* Exercise description
Would you copy all lines in the data that contain the word "FILE"?

---------------

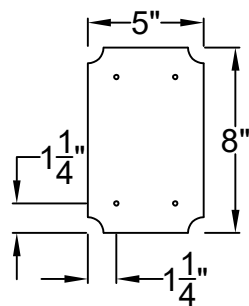

WOOD DALE MINI DECORATIVE STEEL WALL MOUNT

Comes standard w/
Top Curl

Front View

Side View

Backplate

St. James
LIGHTING

SCALE: N.T.S.	DRAFT: Y. McCullough
FILE: WOOMINI	APP'D: J. Ragan
JOB: X	DATE: 12/14/23

Lights are handcrafted.
Dimensions may vary by 1/4"

UL Certified
Candelabra- Max 60 Watt Bulb
Edison- Max 660 Watt Bulb

Mini not Available in Gas

WOOD DALE SMALL DECORATIVE STEEL WALL MOUNT

Comes standard w/
Top Curl

Front View

Side View

Backplate

St. James
LIGHTING

SCALE: N.T.S.	DRAFT: Y. McCullough
FILE: WOOS	APP'D: J. Ragan
JOB: X	DATE: 12/14/23

Lights are handcrafted.
Dimensions may vary by 1/4"

B.T.U. Rating
Natural Gas: 2730 B.T.U.
Propane: 2080 B.T.U.

WOOD DALE MEDIUM DECORATIVE STEEL WALL MOUNT

Comes standard w/
Top Curl

Front View

Side View

Backplate

St. James
LIGHTING

SCALE: N.T.S.	DRAFT: Y. McCullough
FILE: WOOM	APP'D: J. Ragan
JOB: X	DATE: 12/14/23

Lights are handcrafted.
Dimensions may vary by 1/4"
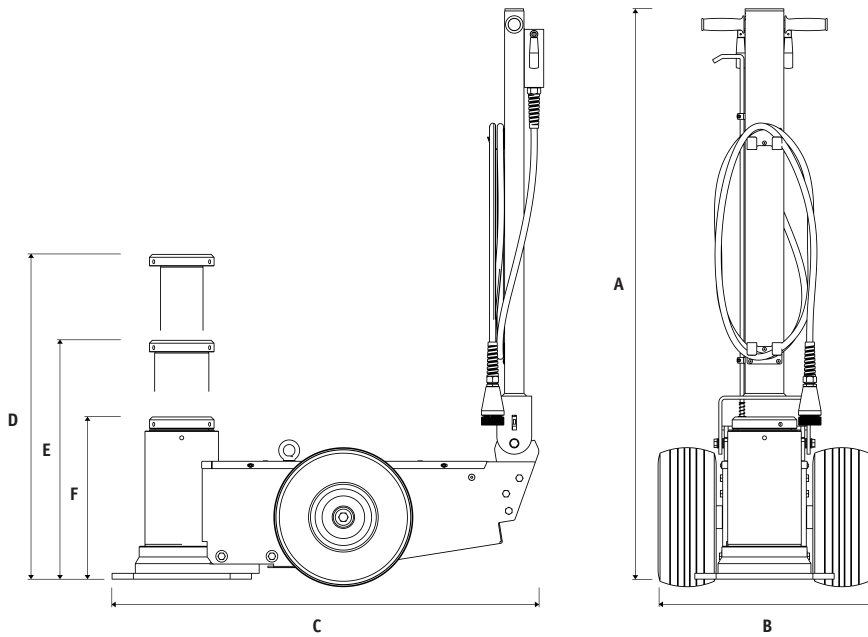

M80-42

SUITABLE FOR
ADATTO A

Mine and oil field / Construction site
Industrial assembly / Agriculture / Railway applications / Military
*Miniera e giacimento petrolifero / Cantiere
Assemblaggio industriale / Agricoltura / Applicazioni ferroviarie / Militare*

	Capacity Portata	Net weight Penso netto	Working air press. Press. di alimentazione	Air consumption Consumo d'aria	Max. height Altezza max.	Min. height Altezza min.	Number of pistons Numero sfili	Stroke Corsa
M80-42	80/50 t 88.2/55.1 ton	173 Kg 381 lb	10-12 bar 145-174 psi	600 nl/min	839 mm 33 in	419 mm 16.4 in	2	420 mm 16.5 in

Dimensions - Dimensionali

A 1473 mm
57.9 in

B 550 mm
21.6 in

C 1102 mm
43.4 in

D 839 mm
33 in

E 617 mm
24.2 in

F 419 mm
16.4 in

Accessories - Accessori

---------------

* Answer for this exercise
FILE: WOOMINI	APP'D: J. Ragan
FILE: WOOS	APP'D: J. Ragan
FILE: WOOM	APP'D: J. Ragan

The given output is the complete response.